**PROBLEM**
Reproduced exactly, the lines from the start of the material through the line containing "wire management. managed." should be the whole answer, with pictures excluded.

--

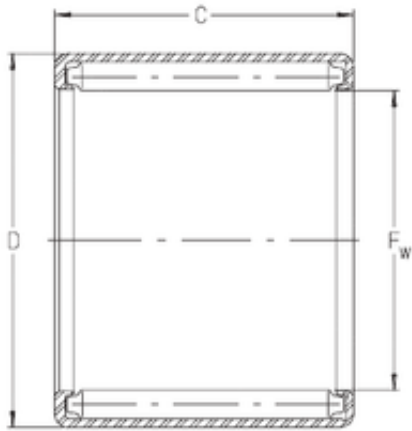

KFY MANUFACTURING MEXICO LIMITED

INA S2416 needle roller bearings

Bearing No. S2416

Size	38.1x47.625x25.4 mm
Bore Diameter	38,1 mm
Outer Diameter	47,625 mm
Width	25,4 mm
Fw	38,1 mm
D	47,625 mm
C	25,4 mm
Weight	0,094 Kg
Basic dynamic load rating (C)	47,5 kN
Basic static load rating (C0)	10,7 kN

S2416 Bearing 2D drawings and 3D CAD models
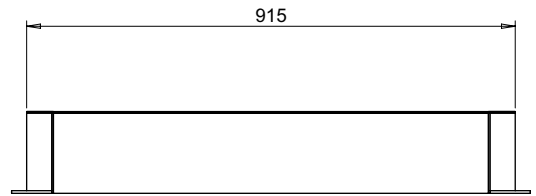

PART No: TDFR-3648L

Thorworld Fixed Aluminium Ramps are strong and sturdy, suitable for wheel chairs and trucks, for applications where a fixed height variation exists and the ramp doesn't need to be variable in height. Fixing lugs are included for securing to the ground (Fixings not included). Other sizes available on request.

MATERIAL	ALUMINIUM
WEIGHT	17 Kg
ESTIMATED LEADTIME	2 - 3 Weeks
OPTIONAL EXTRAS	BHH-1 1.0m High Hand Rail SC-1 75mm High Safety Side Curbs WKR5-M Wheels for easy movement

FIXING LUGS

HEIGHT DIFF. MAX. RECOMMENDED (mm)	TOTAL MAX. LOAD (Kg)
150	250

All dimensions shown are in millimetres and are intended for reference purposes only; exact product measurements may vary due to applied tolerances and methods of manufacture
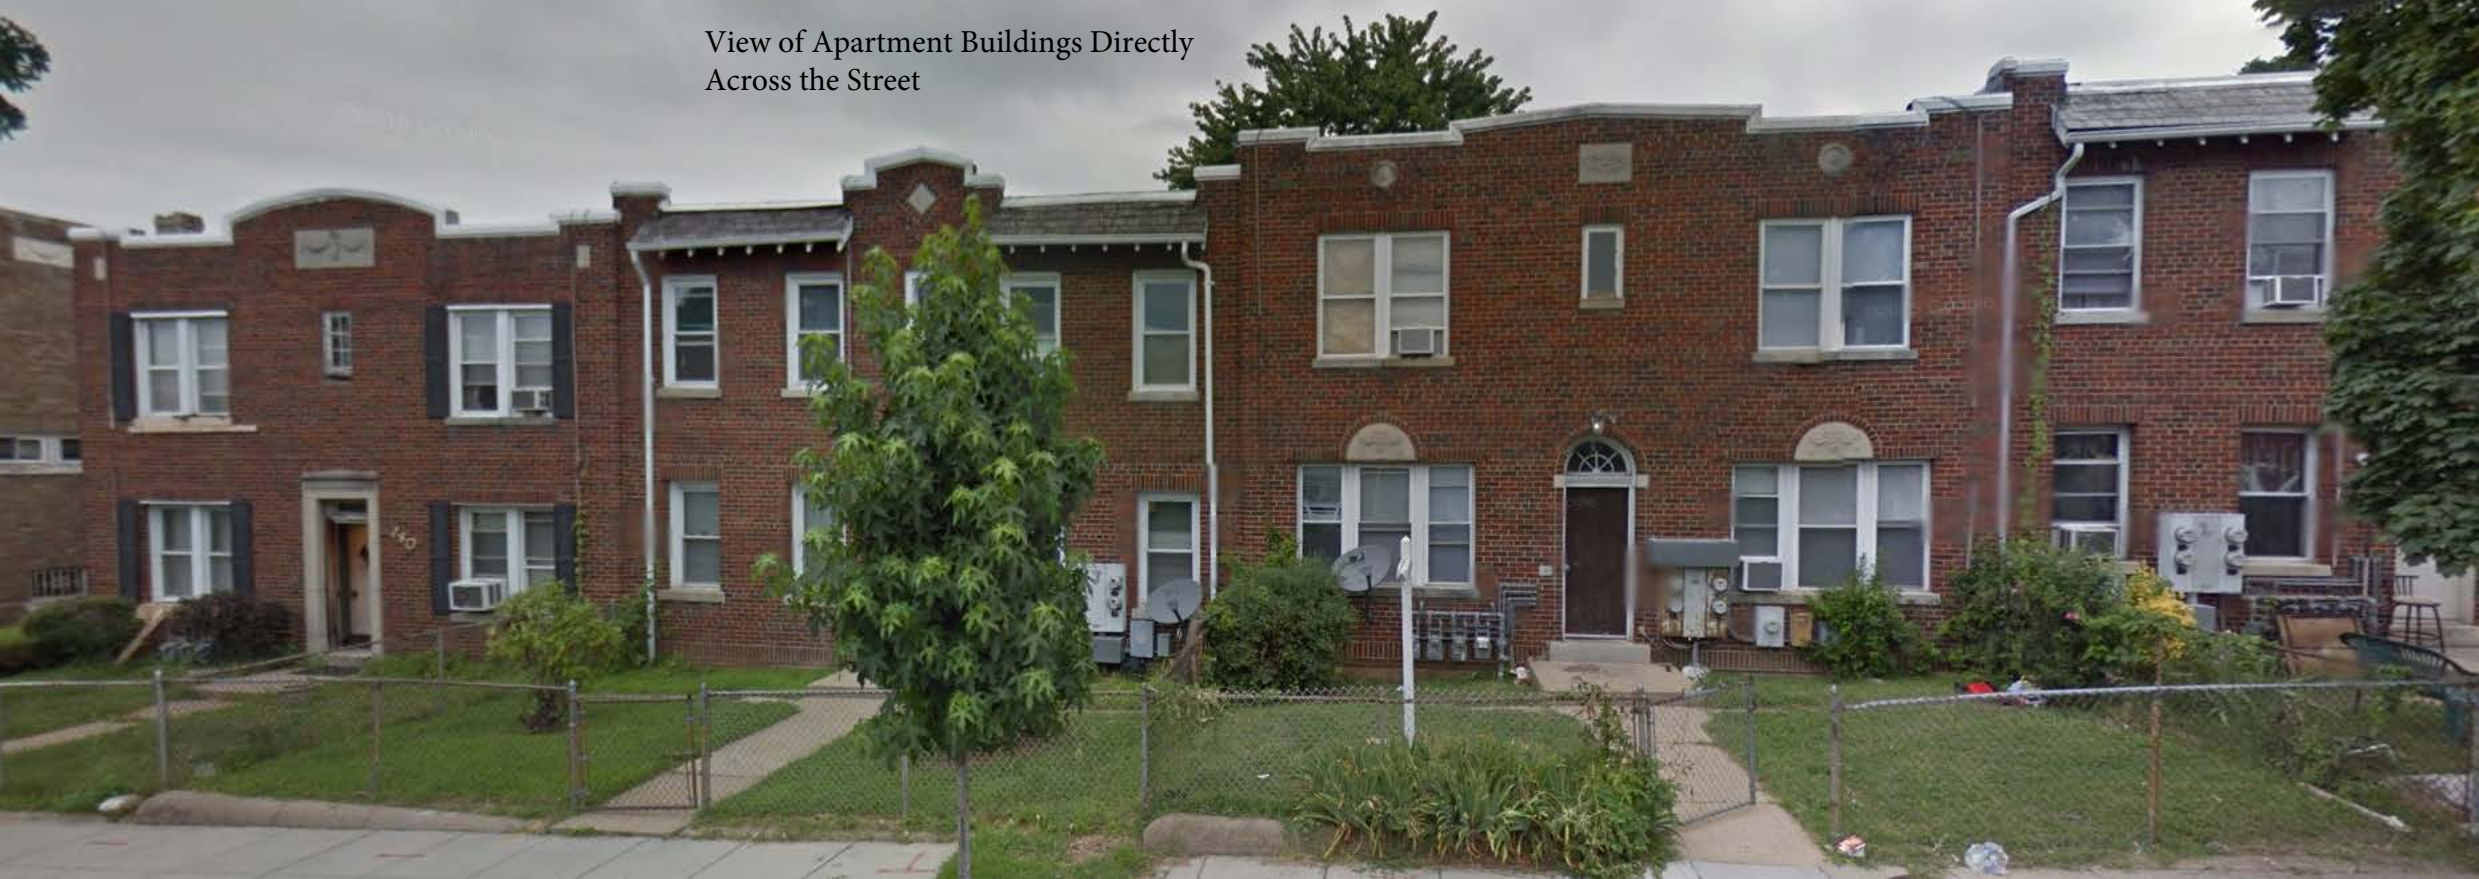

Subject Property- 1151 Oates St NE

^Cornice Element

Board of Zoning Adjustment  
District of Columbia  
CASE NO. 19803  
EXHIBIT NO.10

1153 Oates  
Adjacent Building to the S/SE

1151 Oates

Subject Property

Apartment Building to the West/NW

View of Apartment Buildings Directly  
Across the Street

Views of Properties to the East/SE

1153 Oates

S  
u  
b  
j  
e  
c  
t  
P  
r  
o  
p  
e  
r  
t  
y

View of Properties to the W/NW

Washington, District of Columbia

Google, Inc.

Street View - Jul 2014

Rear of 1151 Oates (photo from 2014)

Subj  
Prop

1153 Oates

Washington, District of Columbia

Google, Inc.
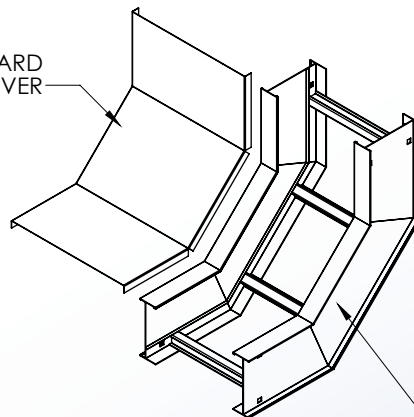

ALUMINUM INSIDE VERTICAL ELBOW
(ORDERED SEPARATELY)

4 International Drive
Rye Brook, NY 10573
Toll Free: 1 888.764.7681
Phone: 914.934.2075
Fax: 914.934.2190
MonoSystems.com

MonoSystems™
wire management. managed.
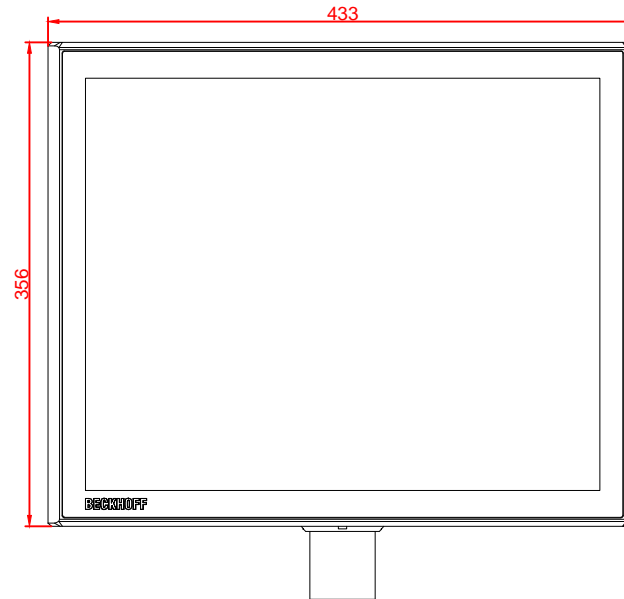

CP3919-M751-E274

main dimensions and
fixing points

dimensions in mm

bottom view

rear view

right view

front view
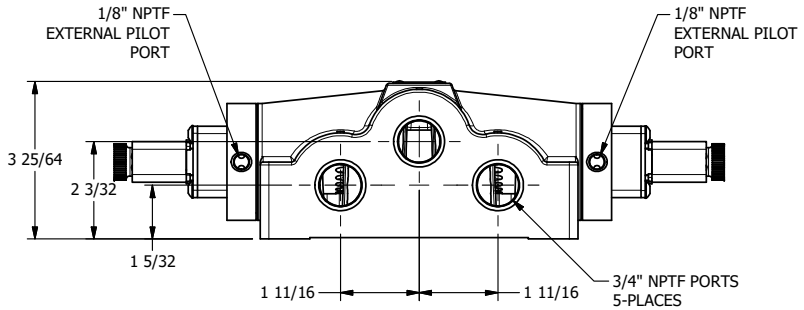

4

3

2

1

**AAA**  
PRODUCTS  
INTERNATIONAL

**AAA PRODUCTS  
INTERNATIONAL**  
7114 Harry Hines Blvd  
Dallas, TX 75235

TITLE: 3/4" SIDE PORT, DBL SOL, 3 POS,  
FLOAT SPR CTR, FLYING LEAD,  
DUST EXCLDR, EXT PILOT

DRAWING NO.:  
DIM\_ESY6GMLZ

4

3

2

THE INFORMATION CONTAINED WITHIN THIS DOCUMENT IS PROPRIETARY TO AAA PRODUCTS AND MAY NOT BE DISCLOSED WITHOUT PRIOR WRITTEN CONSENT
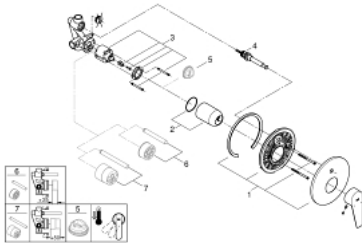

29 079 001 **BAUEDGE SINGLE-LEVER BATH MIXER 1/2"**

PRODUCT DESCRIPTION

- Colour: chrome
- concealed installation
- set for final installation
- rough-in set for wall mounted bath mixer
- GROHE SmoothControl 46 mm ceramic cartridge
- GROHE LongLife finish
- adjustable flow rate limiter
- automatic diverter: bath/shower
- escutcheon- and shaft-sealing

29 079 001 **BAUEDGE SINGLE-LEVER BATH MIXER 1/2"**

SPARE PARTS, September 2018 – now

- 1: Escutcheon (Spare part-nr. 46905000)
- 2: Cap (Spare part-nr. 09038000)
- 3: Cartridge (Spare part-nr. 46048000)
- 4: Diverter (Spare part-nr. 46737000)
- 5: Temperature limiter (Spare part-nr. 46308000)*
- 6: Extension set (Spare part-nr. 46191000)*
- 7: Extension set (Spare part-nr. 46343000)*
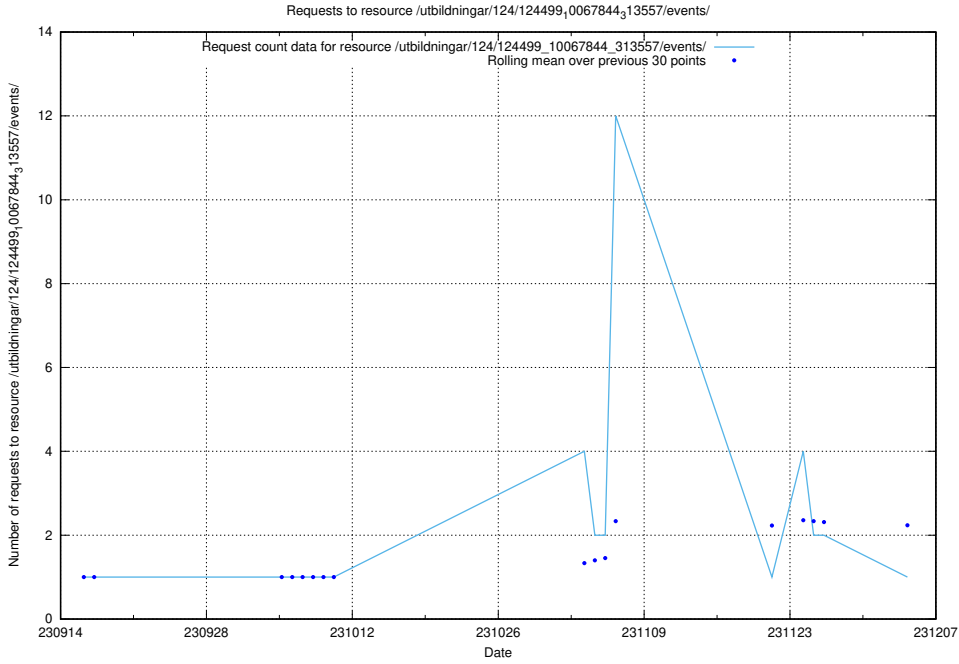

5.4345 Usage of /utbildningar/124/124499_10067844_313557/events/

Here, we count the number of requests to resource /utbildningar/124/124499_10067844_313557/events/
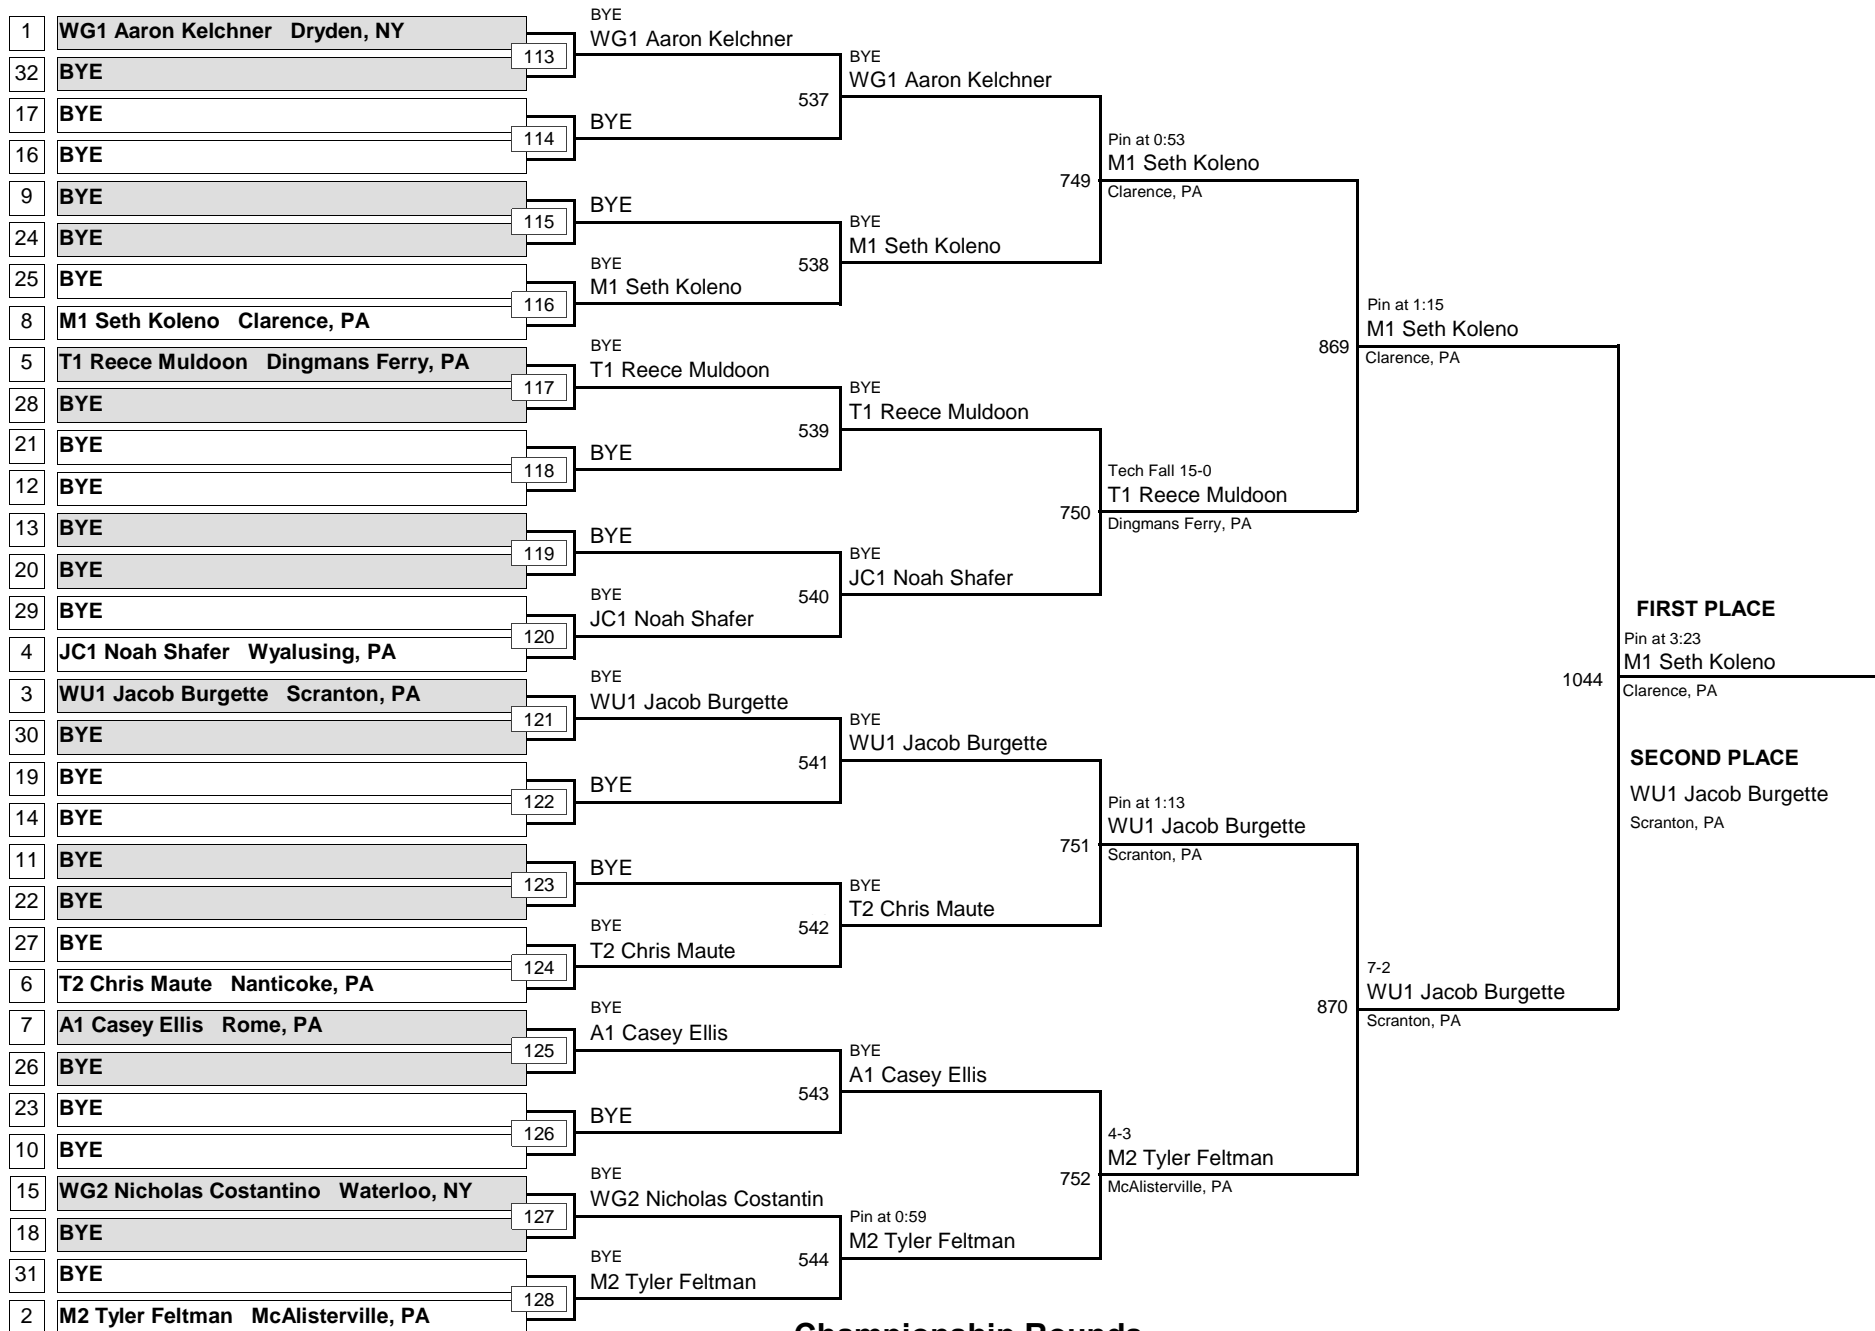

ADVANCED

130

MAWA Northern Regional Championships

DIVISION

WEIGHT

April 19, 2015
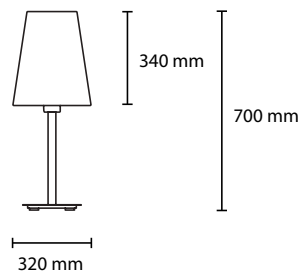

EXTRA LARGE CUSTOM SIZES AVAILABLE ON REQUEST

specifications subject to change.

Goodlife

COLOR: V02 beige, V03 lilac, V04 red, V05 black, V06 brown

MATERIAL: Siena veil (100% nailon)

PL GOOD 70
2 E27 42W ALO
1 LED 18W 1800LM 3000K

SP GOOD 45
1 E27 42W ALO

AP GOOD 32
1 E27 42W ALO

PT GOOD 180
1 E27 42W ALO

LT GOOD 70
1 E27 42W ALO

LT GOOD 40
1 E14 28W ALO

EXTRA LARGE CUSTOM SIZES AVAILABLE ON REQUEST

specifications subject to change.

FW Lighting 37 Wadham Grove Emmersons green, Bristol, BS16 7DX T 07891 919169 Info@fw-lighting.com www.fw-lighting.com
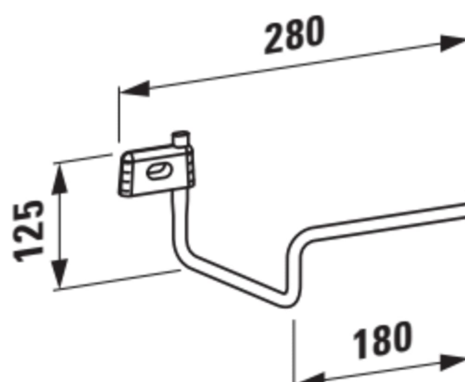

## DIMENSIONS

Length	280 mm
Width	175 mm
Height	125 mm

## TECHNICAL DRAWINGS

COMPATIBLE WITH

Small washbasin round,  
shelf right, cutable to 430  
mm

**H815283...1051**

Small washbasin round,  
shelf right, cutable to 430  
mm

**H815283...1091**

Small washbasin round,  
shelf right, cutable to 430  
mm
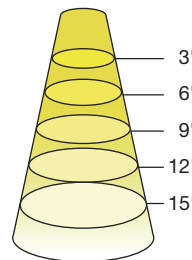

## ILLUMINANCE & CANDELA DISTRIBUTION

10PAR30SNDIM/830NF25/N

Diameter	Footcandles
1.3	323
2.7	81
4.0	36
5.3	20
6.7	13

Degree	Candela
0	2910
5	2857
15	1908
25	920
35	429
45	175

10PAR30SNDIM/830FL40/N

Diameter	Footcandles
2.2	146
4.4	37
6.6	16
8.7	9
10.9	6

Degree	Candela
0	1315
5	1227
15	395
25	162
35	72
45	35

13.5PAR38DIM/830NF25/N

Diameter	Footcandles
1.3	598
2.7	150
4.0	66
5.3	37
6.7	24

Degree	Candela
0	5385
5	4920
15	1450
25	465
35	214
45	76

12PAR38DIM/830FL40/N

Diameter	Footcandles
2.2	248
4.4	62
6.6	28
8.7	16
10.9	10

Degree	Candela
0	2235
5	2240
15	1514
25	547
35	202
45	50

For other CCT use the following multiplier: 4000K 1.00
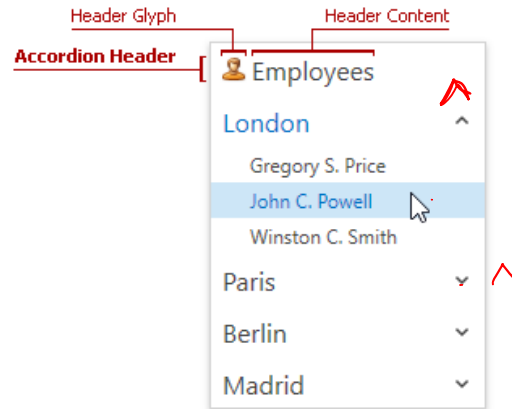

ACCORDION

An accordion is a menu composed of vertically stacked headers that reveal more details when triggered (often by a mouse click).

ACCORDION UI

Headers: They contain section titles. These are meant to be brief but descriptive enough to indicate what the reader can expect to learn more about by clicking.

--

**ANSWER FOR THE TASK**
KFY MANUFACTURING MEXICO LIMITED

INA S2416 needle roller bearings

Bearing No. S2416

Size	38.1x47.625x25.4 mm
Bore Diameter	38,1 mm
Outer Diameter	47,625 mm
Width	25,4 mm
Fw	38,1 mm
D	47,625 mm
C	25,4 mm
Weight	0,094 Kg
Basic dynamic load rating (C)	47,5 kN
Basic static load rating (C0)	10,7 kN

S2416 Bearing 2D drawings and 3D CAD models

PART No: TDFR-3648L

Thorworld Fixed Aluminium Ramps are strong and sturdy, suitable for wheel chairs and trucks, for applications where a fixed height variation exists and the ramp doesn't need to be variable in height. Fixing lugs are included for securing to the ground (Fixings not included). Other sizes available on request.

MATERIAL	ALUMINIUM
WEIGHT	17 Kg
ESTIMATED LEADTIME	2 - 3 Weeks
OPTIONAL EXTRAS	BHH-1 1.0m High Hand Rail SC-1 75mm High Safety Side Curbs WKR5-M Wheels for easy movement

FIXING LUGS

HEIGHT DIFF. MAX. RECOMMENDED (mm)	TOTAL MAX. LOAD (Kg)
150	250

All dimensions shown are in millimetres and are intended for reference purposes only; exact product measurements may vary due to applied tolerances and methods of manufacture

Subject Property- 1151 Oates St NE

^Cornice Element

Board of Zoning Adjustment  
District of Columbia  
CASE NO. 19803  
EXHIBIT NO.10

1153 Oates  
Adjacent Building to the S/SE

1151 Oates

Subject Property

Apartment Building to the West/NW

View of Apartment Buildings Directly  
Across the Street

Views of Properties to the East/SE

1153 Oates

S  
u  
b  
j  
e  
c  
t  
P  
r  
o  
p  
e  
r  
t  
y

View of Properties to the W/NW

Washington, District of Columbia

Google, Inc.

Street View - Jul 2014

Rear of 1151 Oates (photo from 2014)

Subj  
Prop

1153 Oates

Washington, District of Columbia

Google, Inc.

ALUMINUM INSIDE VERTICAL ELBOW
(ORDERED SEPARATELY)

4 International Drive
Rye Brook, NY 10573
Toll Free: 1 888.764.7681
Phone: 914.934.2075
Fax: 914.934.2190
MonoSystems.com

MonoSystems™
wire management. managed.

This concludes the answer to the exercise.